Machine learning (ML) methods have experienced significant growth in the past decade, yet their practical application in high-impact real-world domains has been hindered by their opacity. When ML methods are responsible for making critical decisions, stakeholders often require insights into how to alter these decisions. Counterfactual explanations (CFEs) have emerged as a solution, offering interpretations of opaque ML models and providing a pathway to transition from one decision to another. However, most existing CFE methods require access to the model's training dataset, few methods can handle multivariate time-series, and none of model-agnostic CFE methods can handle multivariate time-series without training datasets. These limitations can be formidable in many scenarios. In this paper, we present NTD-CFE, a novel model-agnostic CFE method based on reinforcement learning (RL) that generates CFEs when training datasets are unavailable. NTD-CFE is suitable for both static and multivariate time-series datasets with continuous and discrete features.
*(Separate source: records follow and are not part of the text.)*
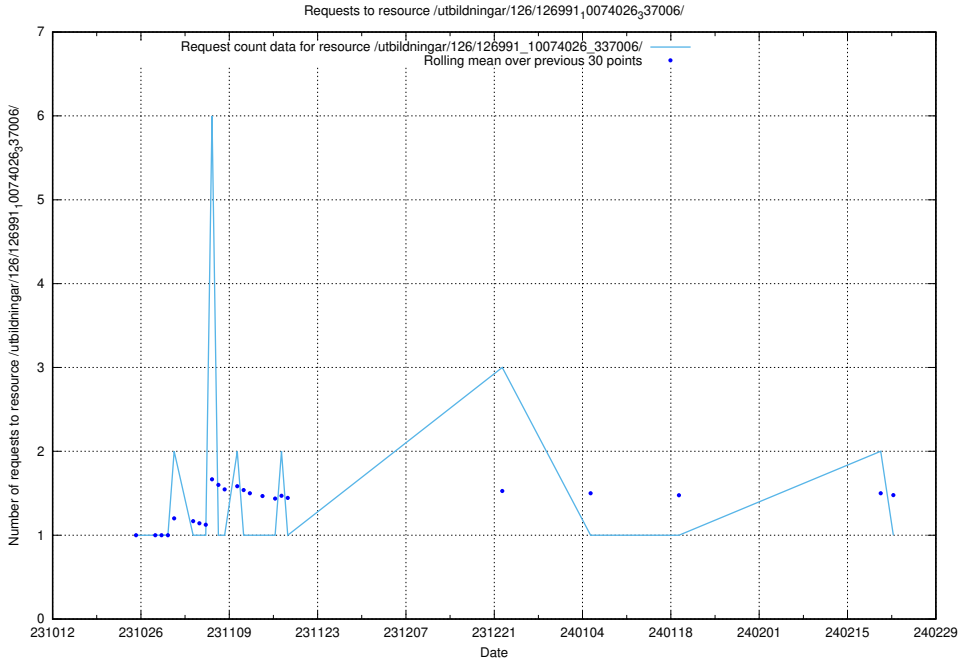

5.4509 Usage of /utbildningar/126/126991_10074026_337006/

Here, we count the number of requests to resource /utbildningar/126/126991_10074026_337006/.
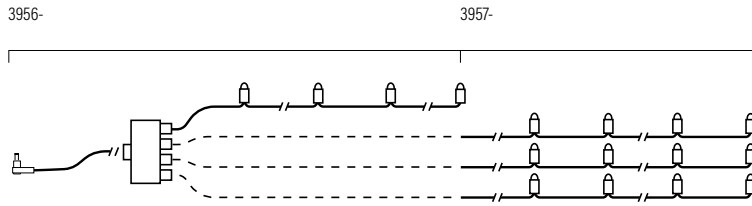

BUILD OUT TO 400 LED'S!

KONSTSMIDE BUILT-OUT SYSTEM - MICRO LED LIGHT SETS

LED
SOFT
CABLE

Start-Set. Incl. transformer, split and light set with warm white micro-LED's.
Black soft cable.
For up to 400 LED's.

3956-107 START SET

100 LED
G=600 cm H=10 cm I=1590 cm
6 4, 4 kg 12,9 dm³
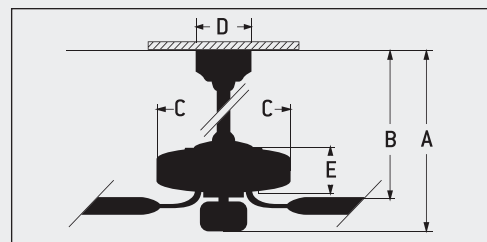

Aged Bronze 52" Beaufort | Model . . . **E-BFT52ABZ5C**
 Item No. **18122**
 Reversible Blades | **Dark Oak/Mahogany**
 4-Light Kit | **Tea Stain Glass Included**

Beaufort with light kit

FEATURES

- Standard, 3 Speed Reversible Motor
- 4" Downrod (Included)
- Lifetime Limited Warranty
- Light Kit Included, 4 x 40 Watts, Candelabra Bulbs Included
- Remote Control - (Optional)

SPECS

- Blade Sweep Opt. 52"
- Number of Blades 5
- Blade Pitch 12°
- Motor Size (MM) 153 x 15
- AMPS (Hi Speed)5
- Shipping Wt. (lbs.) 24
- CU. FT. in Carton 2.1170
- Airflow* 5,146
(Cubic Feet per Minute)
- Electricity Use* 60 Watts
- Airflow Efficiency* 86
(Cubic Feet Per Minute Per Watt)

CEILING DROP DIMENSIONS

A: 4" DR - 17.25"
B: 4" DR - 12"
C: 12.4"
D: 5.91"
E: 7.25"
 *DR=Downrod

"Compare: 49" to 60" ceiling fans have airflow efficiencies ranging from approximately 51 to 176 cubic feet per minute per watt at high speed."

NTD-CFE reduces the CFE search space from a multivariate time-series domain to a lower dimensional space and addresses the problem using RL. Users have the flexibility to specify non-actionable, immutable, and preferred features, as well as causal constraints. We demonstrate the performance of NTD-CFE against four baselines on several datasets and find that, despite not having access to a training dataset, NTD-CFE finds CFEs that make significantly fewer and significantly smaller changes to the input time-series. These properties make CFEs more actionable, as the magnitude of change required to alter an outcome is vastly reduced. The code is available in the supplementary material.